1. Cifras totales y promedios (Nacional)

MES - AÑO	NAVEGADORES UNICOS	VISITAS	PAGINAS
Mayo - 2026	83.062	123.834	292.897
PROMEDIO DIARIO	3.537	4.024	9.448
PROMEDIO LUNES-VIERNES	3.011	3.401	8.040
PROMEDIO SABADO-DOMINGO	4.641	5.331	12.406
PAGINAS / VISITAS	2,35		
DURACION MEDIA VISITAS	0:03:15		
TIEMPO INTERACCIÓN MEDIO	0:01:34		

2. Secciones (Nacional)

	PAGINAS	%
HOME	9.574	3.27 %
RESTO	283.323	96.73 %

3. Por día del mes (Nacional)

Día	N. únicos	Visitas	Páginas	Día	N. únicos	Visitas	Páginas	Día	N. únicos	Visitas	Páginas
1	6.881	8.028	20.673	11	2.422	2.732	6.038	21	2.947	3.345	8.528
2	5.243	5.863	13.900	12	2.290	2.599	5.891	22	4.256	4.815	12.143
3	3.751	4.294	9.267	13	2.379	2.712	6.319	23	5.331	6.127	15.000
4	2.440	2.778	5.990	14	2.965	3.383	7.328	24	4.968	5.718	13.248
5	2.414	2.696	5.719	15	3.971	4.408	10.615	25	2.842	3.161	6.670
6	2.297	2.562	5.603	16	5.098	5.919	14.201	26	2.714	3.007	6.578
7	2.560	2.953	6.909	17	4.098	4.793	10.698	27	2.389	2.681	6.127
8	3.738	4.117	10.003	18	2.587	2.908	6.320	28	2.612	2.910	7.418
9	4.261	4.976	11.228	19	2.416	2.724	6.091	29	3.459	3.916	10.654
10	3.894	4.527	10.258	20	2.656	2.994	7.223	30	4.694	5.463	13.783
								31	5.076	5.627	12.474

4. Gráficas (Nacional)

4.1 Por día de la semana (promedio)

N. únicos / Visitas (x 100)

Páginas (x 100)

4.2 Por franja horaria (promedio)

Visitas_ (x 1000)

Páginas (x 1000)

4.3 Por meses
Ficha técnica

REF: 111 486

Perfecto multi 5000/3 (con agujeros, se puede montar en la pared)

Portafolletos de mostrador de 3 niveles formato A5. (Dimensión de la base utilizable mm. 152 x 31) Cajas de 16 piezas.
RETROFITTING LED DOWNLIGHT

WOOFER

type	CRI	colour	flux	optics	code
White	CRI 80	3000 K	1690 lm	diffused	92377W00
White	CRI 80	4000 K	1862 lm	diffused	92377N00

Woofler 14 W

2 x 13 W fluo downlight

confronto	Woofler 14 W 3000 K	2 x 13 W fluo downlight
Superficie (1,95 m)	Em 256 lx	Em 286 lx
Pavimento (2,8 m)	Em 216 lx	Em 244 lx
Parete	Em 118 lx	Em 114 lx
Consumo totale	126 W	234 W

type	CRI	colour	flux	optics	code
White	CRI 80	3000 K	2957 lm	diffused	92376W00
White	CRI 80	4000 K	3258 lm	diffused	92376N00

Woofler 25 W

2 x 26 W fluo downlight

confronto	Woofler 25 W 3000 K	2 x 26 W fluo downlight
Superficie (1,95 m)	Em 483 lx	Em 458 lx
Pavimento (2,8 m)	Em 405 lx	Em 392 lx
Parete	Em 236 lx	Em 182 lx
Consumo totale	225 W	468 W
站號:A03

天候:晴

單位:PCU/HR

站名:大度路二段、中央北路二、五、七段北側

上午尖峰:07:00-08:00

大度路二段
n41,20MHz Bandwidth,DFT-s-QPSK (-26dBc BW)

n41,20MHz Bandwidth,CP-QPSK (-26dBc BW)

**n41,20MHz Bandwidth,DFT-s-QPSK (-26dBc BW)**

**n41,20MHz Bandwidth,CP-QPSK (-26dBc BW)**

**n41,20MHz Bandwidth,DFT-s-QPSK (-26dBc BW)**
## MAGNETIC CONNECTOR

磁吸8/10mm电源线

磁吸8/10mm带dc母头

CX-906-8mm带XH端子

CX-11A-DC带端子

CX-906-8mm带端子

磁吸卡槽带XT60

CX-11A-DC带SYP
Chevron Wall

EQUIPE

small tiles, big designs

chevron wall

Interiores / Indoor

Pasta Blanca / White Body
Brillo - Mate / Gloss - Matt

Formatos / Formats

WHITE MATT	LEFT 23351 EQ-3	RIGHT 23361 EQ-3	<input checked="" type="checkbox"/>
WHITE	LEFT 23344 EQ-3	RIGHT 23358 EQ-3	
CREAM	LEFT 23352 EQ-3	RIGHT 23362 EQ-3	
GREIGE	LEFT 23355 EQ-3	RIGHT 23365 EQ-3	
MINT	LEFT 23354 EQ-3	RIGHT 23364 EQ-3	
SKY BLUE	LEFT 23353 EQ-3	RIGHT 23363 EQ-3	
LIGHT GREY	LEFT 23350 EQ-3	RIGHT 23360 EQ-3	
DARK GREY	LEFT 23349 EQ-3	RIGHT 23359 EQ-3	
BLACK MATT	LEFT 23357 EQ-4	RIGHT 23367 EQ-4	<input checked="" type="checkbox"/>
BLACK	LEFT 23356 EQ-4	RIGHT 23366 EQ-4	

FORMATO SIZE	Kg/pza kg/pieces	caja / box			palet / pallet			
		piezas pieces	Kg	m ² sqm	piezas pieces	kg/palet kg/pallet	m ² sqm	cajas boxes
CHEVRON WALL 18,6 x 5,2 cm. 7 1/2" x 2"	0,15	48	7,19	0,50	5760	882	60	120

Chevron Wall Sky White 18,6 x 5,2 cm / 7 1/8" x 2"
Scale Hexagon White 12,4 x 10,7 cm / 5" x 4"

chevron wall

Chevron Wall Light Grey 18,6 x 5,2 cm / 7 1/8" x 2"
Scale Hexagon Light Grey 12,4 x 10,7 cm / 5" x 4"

━━━━━━━━━━━━━━━━

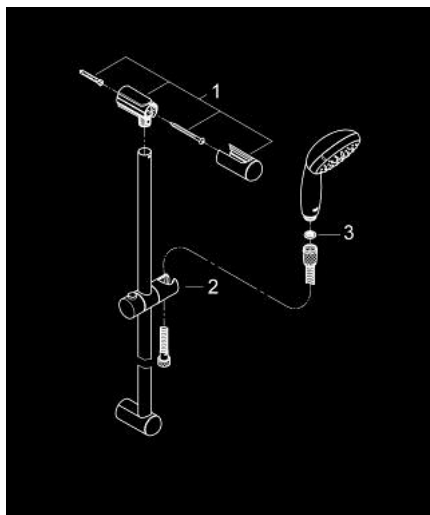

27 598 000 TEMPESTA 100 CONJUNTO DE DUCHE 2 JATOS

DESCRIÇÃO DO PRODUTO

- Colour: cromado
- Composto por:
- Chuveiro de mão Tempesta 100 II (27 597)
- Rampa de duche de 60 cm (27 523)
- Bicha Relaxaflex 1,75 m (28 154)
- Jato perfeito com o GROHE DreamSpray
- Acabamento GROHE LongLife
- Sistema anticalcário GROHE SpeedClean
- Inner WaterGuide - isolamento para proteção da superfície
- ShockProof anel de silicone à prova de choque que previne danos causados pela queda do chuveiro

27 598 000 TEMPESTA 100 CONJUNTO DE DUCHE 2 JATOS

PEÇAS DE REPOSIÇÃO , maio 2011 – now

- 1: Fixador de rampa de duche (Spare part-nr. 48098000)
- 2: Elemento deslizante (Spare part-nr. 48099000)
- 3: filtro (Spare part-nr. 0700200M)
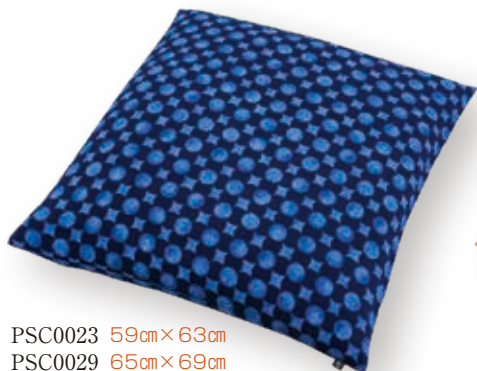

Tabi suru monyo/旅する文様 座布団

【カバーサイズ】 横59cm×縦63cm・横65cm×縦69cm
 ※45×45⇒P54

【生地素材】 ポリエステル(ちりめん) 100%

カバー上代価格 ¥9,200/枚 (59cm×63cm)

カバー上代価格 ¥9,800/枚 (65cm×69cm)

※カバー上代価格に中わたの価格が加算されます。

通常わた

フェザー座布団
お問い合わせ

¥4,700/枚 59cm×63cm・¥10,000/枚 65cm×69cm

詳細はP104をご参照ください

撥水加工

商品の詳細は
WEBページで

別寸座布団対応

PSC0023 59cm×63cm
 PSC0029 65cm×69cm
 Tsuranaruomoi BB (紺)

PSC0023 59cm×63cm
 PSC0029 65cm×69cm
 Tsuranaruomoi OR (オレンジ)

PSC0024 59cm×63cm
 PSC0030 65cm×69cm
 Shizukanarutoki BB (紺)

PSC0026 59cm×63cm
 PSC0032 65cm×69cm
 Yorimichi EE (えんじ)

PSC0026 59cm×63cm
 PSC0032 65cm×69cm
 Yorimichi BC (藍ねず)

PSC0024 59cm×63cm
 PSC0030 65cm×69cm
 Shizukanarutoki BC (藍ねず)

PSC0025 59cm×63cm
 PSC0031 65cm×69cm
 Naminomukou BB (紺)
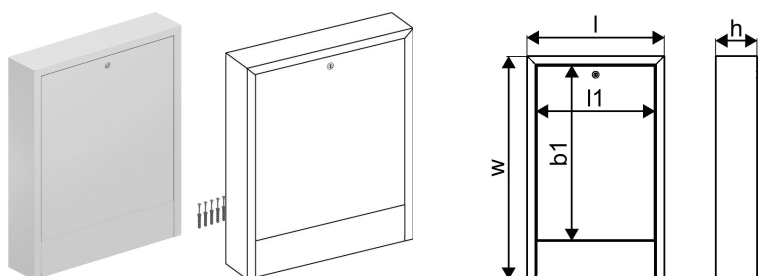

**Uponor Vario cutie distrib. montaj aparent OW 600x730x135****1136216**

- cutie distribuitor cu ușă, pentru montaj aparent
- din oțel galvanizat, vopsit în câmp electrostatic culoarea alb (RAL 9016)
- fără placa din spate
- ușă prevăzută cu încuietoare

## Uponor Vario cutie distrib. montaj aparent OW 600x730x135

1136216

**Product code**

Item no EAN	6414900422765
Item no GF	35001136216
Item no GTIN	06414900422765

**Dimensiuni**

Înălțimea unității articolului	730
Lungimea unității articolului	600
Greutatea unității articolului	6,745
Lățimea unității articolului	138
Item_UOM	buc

━━━━━━━━━━━━━━━━

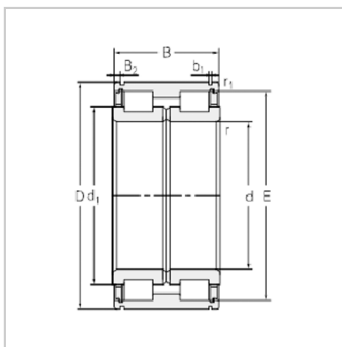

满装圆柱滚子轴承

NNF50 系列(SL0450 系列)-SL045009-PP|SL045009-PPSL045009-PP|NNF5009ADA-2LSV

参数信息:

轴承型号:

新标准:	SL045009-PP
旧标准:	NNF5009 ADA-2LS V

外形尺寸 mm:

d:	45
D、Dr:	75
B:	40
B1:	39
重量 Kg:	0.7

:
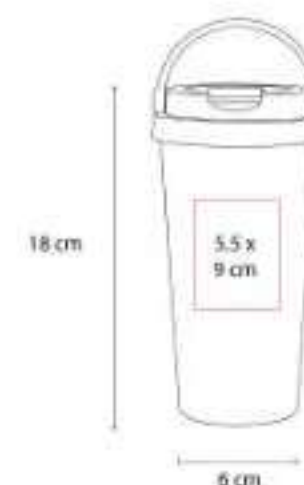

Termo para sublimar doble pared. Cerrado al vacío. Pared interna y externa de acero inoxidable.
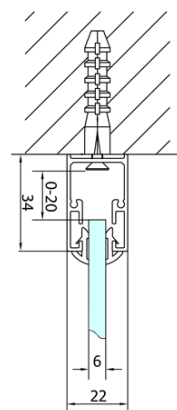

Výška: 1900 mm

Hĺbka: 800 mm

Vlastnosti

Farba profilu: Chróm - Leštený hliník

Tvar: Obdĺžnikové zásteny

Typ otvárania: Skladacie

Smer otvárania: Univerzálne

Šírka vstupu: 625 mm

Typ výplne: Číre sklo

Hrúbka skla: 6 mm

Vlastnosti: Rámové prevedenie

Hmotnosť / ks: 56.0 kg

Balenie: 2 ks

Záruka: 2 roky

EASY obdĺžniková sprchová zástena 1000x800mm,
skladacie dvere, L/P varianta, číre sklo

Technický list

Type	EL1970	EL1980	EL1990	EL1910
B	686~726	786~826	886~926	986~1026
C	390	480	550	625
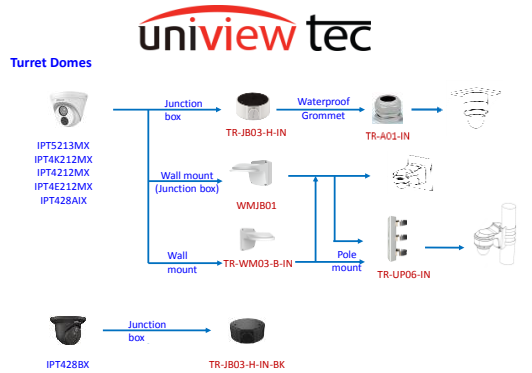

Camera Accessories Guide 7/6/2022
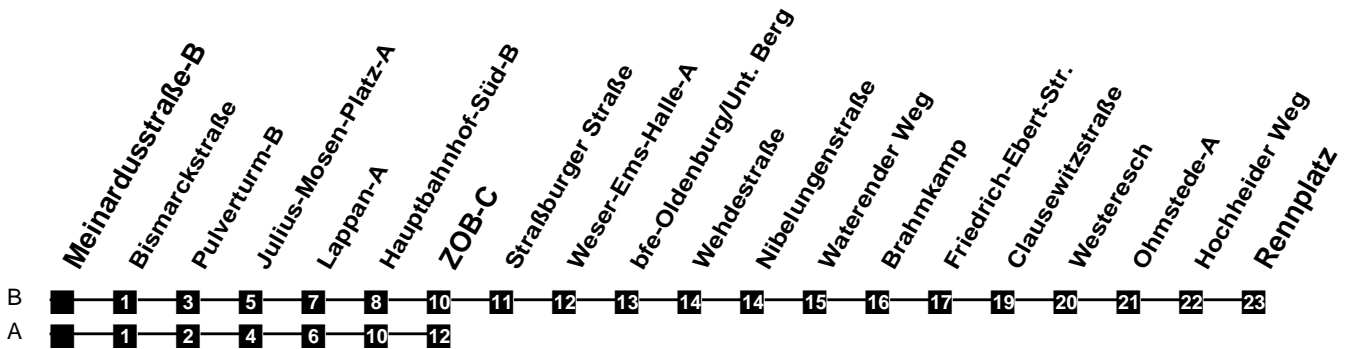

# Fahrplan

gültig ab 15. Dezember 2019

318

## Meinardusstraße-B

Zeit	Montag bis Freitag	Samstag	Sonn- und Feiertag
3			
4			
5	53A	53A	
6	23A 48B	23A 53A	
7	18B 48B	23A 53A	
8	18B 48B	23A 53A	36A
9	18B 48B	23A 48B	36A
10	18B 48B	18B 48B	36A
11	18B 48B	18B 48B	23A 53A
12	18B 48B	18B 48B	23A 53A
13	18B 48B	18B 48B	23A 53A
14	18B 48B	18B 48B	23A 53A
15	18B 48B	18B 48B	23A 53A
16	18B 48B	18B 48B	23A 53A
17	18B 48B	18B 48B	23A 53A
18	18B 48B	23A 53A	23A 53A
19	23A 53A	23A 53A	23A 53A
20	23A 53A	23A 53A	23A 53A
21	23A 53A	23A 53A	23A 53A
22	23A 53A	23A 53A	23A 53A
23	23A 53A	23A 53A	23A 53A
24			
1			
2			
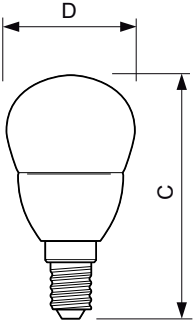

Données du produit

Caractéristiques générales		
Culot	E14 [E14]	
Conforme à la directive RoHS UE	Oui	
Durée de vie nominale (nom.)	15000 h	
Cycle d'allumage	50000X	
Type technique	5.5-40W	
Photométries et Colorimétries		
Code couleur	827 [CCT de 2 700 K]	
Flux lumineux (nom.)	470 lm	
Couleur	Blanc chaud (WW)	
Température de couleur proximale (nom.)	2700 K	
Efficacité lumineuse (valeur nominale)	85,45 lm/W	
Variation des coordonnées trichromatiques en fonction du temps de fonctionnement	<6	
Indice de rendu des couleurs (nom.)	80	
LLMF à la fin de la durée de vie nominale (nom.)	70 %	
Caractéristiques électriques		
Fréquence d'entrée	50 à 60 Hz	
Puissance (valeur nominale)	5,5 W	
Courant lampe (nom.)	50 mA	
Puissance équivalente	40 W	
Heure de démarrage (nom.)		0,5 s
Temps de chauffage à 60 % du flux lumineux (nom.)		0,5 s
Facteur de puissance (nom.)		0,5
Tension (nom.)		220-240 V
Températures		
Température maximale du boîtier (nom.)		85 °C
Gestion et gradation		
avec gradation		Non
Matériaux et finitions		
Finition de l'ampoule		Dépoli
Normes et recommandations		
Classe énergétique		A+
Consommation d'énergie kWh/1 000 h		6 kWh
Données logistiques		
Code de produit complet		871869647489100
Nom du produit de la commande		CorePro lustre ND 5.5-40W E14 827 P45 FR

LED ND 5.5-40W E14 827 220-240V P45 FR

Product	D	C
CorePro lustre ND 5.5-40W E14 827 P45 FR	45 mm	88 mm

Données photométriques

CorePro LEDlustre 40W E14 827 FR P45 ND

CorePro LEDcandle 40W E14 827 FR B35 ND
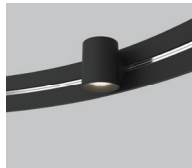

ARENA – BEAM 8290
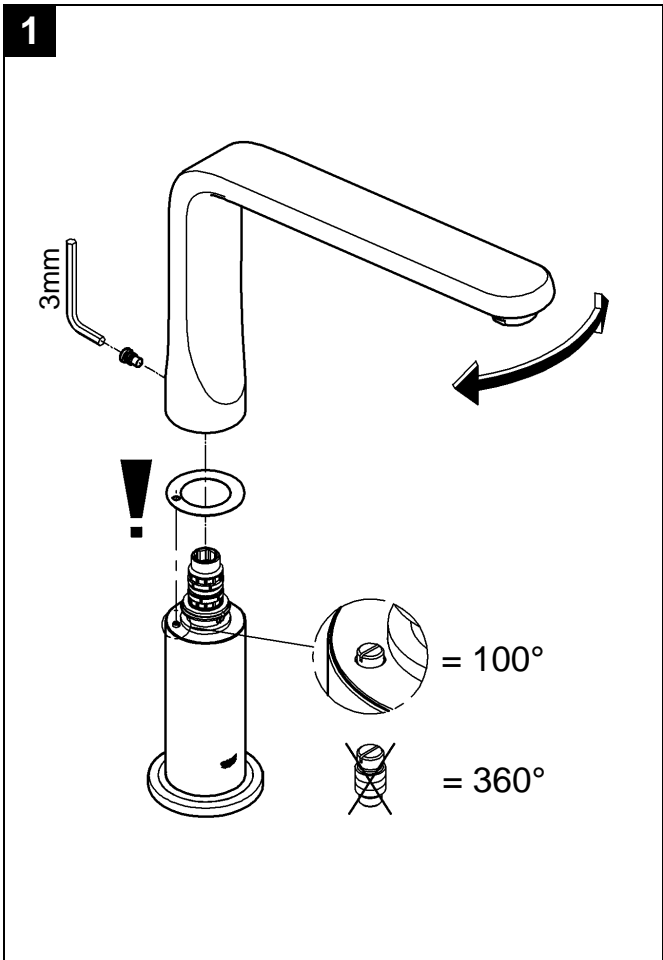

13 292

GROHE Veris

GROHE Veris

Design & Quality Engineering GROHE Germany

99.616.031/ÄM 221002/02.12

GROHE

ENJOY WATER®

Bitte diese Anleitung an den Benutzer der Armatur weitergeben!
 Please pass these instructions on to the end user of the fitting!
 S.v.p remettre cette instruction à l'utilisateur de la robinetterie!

━━━━━━━━━━━━━━━━

WHAT THE TASK ASKS.
Working from the entries above, find every line in which the word "palet" occurs and copy it.

FINISHED EXERCISE.
FORMATO SIZE	Kg/pza kg/pieces	caja / box			palet / pallet			
		piezas pieces	Kg	m ² sqm	piezas pieces	kg/palet kg/pallet	m ² sqm	cajas boxes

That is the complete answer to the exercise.